- Sire: Broken Vow
- Grandsire: Unbridled
- Dam: Lucky to Be Me
- Damsire: Bernstein
- Sex: Mare
- Foaled: February 5, 2014
- Country: United States
- Color: Bay
- Breeder: Respite Farm
- Owner: Alesia, Christensen, Ciaglia Racing LLC, Exline-Border Racing LLC, Gulliver Racing LLC
- Trainer: Peter Eurton
- Record: 9: 3–2–2
- Earnings: US $1,490,600

Major wins
- Sorrento Stakes (2016) Breeders' Cup Juvenile Fillies (2016) Remington Park Oaks (2017)

Awards
- American Champion Two-Year-Old Filly (2016)

= Champagne Room (horse) =

American-bred Thoroughbred racehorse

Champagne Room (foaled February 5, 2014) is a retired American Thoroughbred racehorse, best known for winning the 2016 GI Breeders' Cup Juvenile Fillies as a 33-1 long-shot and for being named American Champion Two-Year-Old Filly of 2016.

==Background==
Champagne Room is a strongly built bay mare with a star on her forehead and one coronet band on her right hind leg. She raced with Ciaglia Racing silks.

==2016: two-year-old season==
Champagne Room made her debut on July 16, 2016, in a 5-furlong Maiden Special Weight, where she finished 2nd as the favorite beaten 1 1/2 lengths by Morganite. She next moved up in graded competition in the GII Sorrento Stakes on August 6 which she won by 1 1/4 lengths over Miss Southern Miss. Then she went to the GI Del Mar Debutante takes on September 3, where she finished 3rd a nose behind second-place finisher American Cleopatra and 2 1/4 lengths behind the winner, Union Strike. She then finished a troubled 4th in the GI Chandelier Stakes on October 1. She then won the GI Breeders' Cup Juvenile Fillies on November 5 by 3/4 of a length over Valadorna, in which she was the 11th choice in a field of 12. Her trainer Peter Eurton said after the race "I wasn't feeling utterly confident when they were coming down the stretch, She was getting a little tired, but nobody was catching her. I'm feeling pretty good right now. This means an awful lot to me." Champagne Room was freshened following her win in the GI Breeders' Cup Juvenile Fillies, and returned to the work tab on December 15 where she breezed 3 furlongs in :35 1/5, Peter Eurton said after her breeze "It was a little bit quicker than I was looking for, but a horse broke off eight or 10 lengths in front of her and she's got pretty good eyesight, She went really well, well in hand. I knew she was going to be fresh; she's been happy to have the time off but she's more enthused to be back on the racetrack. She's content, Juan basically said she's stronger; he has been on her in the past, she is strong, she is big, she does look really very good right now. I think a lot of it has to do with the fact she hasn't been doing anything other than some gallops. She was in one of those moods where she wanted us to let her stretch out, and she could have gone so much faster, but that would have been scary. We wanted to keep it to a moderate roar." She would target the GII Las Virgenes Stakes on February 5, 2017, for her 3-year-old debut.

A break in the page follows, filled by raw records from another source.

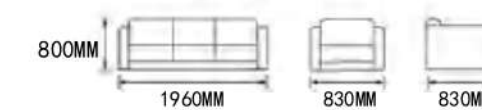

- 面料: 高品质进口牛皮可选环保西皮;
- 弹簧: 进口 4.0 高回弹弹簧及 5 公分弹力橡筋打底, 不易变形;
- 海绵: 靠包内部填充颗粒公仔棉, 天然环保, 回弹性大, 柔软性好;
- 内框: 纯实木内框架, 四面刨光, 经过高温熏蒸防虫处理, 含水率 8-12%;
- 脚: 采用注塑成型一体脚垫, 安全结实。

爆款推荐

PRODUCT SERIES
DA8159

三人位 款: W1960*D830*H800
单人位 款: W890*D830*H800

==2017: three-year-old season==
Champagne Room was named Champion Two-Year-Old Filly of 2016 with 202 votes, the horse closest to her in votes was New Money Honey with 21. She made her 3-year-old debut in the GII Las Virgenes Stakes on February 5, where she finished 3rd 1 1/4 lengths behind second-place finisher Mopotism and 10 lengths behind the winner, Unique Bella. It was announced in March that she had surgery to remove a small chip from her right front ankle on March 8. Champagne Room's co-owner Phil Bongiovanni said "She came out of the surgery great. She's eating well and everything was fine with the surgery, we've talked about whether we want to breed her right now or keep her in training. With the 90 days off, plus another three or four months, we're looking at a return in November already." Champagne Room was not retired and returned to the work tab on July 30, where she breezed 3 furlongs in :35 3/5 at Del Mar. She returned in the Remington Park Oaks on September 24, where she won easily by 3 3/4 lengths under a hand ride. She finished her year with a 6th in the GI Breeders' Cup Distaff on November 3 and a 2nd behind Majestic Heat in the GII Bayakoa Stakes on December 3.

==Retirement==
As a 4-year-old Champagne Room was training for the GIII Houston Ladies Classic Stakes on January 28, but on January 19 it was announced that she had a hairline fracture in one of her coffin bones and might be retired. Then on January 24, 2018, Champagne Room was retired and sold to Japanese interests. Once she recovered, she was bred to 2015 Triple Crown winner American Pharoah.